* **WHAT IS EXPECTED**: Identify and pull out each line of the entries in which "Sport" occurs.

*** Opening of RECORD SET ***

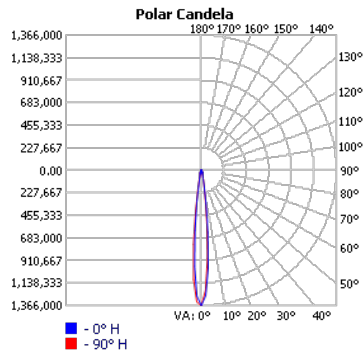

# Specifications

- Input Voltage: 277-480VAC
- Wattage: 800W
- Efficacy: 150lm/W
- CCT: 5700K
- CRI: 70+
- Optics: NEMA 2, 3, 4, 5, 6
- Operating Temperature: -40°F to 122°F
- Lifespan: 100,000 hours
- Fixture Housing: Die-cast Aluminum
- Dimmable: 0-10V dimming | network ready control
- IP Rating: IP65
- EPA Rating: 2.08
- Weight: 57.3 lbs
- Lumens: 112,000 lm
- Cable Length Driver Box to Fixture: (x2) 20M [65ft] cables

# Photometrics Data

Luminaire Data	
Part Number	EHF-SL2-80057K-480-GY-T-SP
Description	NEMA 2 Lens, 800W, 5700K Sport Light
Fixture Lumens (lm)	107,605lm
Wattage (W)	800W
Efficacy (lm/w)	134lm/w

Zone	Lumens	%Fixture
0-40	95409.8	88.7%
0-60	105993.2	97.7%
0-90	108521.5	100.0%
90-180	0.20	0.0%
0-180	108521.7	100.0%

Luminaire Data	
Part Number	EHF-SL3-80057K-480-GY-T-SP
Description	NEMA 3 Lens, 800W, 5700K Sport Light
Fixture Lumens (lm)	113,143lm
Wattage (W)	800W
Efficacy (lm/w)	141lm/w

Zone	Lumens	%Fixture
0-40	99981.6	88.0%
0-60	110695.7	97.4%
0-90	113612	100.0%
90-180	0.10	0.0%
0-180	113612.1	100.0%
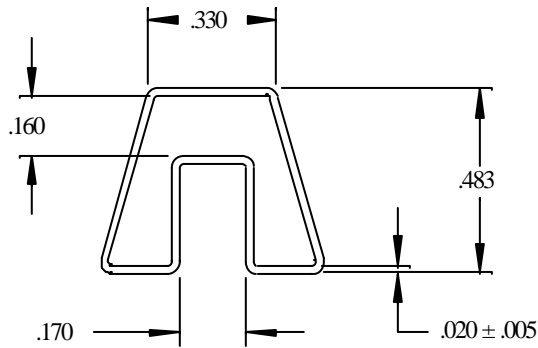

Tube Accessories

DESCRIPTION	300 Mil DIP Low Profile Anti-static Tube
PINS	MC-2000 EYELET, MC-4000 NEEDLE
END PLUGS	MC-300BEP, MC-300REP
CONDUCTIVE TUBE STUFFER	MC-3125CTS
RUBBER CUSHION END PLUG	MC-3125RCP
All tubes are 20" long. Modifications or custom lengths available.	

CONFIDENTIAL
This drawing represents
proprietary design information.
This drawing is confidential.
Do not distribute without
express written consent
of the client or Big Valley Packaging.

DRAWN BY	MC	SCALE	N/A
CHK'D BY	AC	DATE	1-27-97
APPROVED BY	AM	PART NUMBER	MC-300LAS
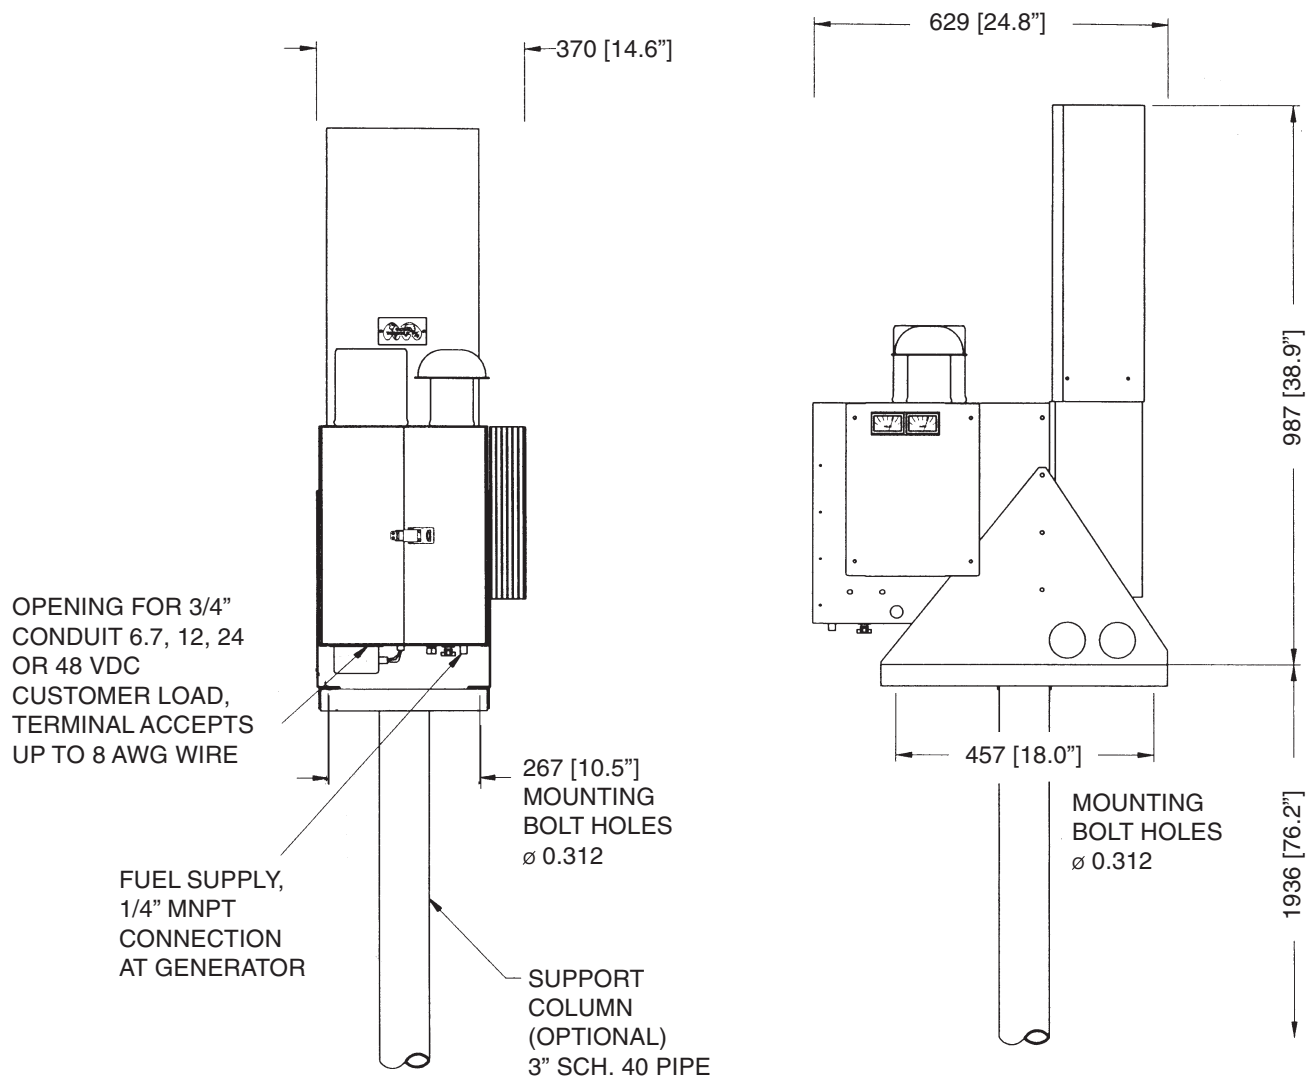

Model 5060 TYPICAL INSTALLATION

NOTES:

1. GENERATOR WEIGHT: 45 KG [100 LB].
2. DIMENSIONS IN mm [INCHES].

GENERATOR DIVISION
 Bay 9, 3700 78th Avenue S.E.
 Calgary, Alberta T2C 2L8
 Tel: (403) 236-5556 Fax: (403) 236-5575
 www.globalte.com
 Email: tegsales@globalte.com

*** Close of RECORD SET ***

* **ANSWER SPACE**:
Description	NEMA 2 Lens, 800W, 5700K Sport Light
Description	NEMA 3 Lens, 800W, 5700K Sport Light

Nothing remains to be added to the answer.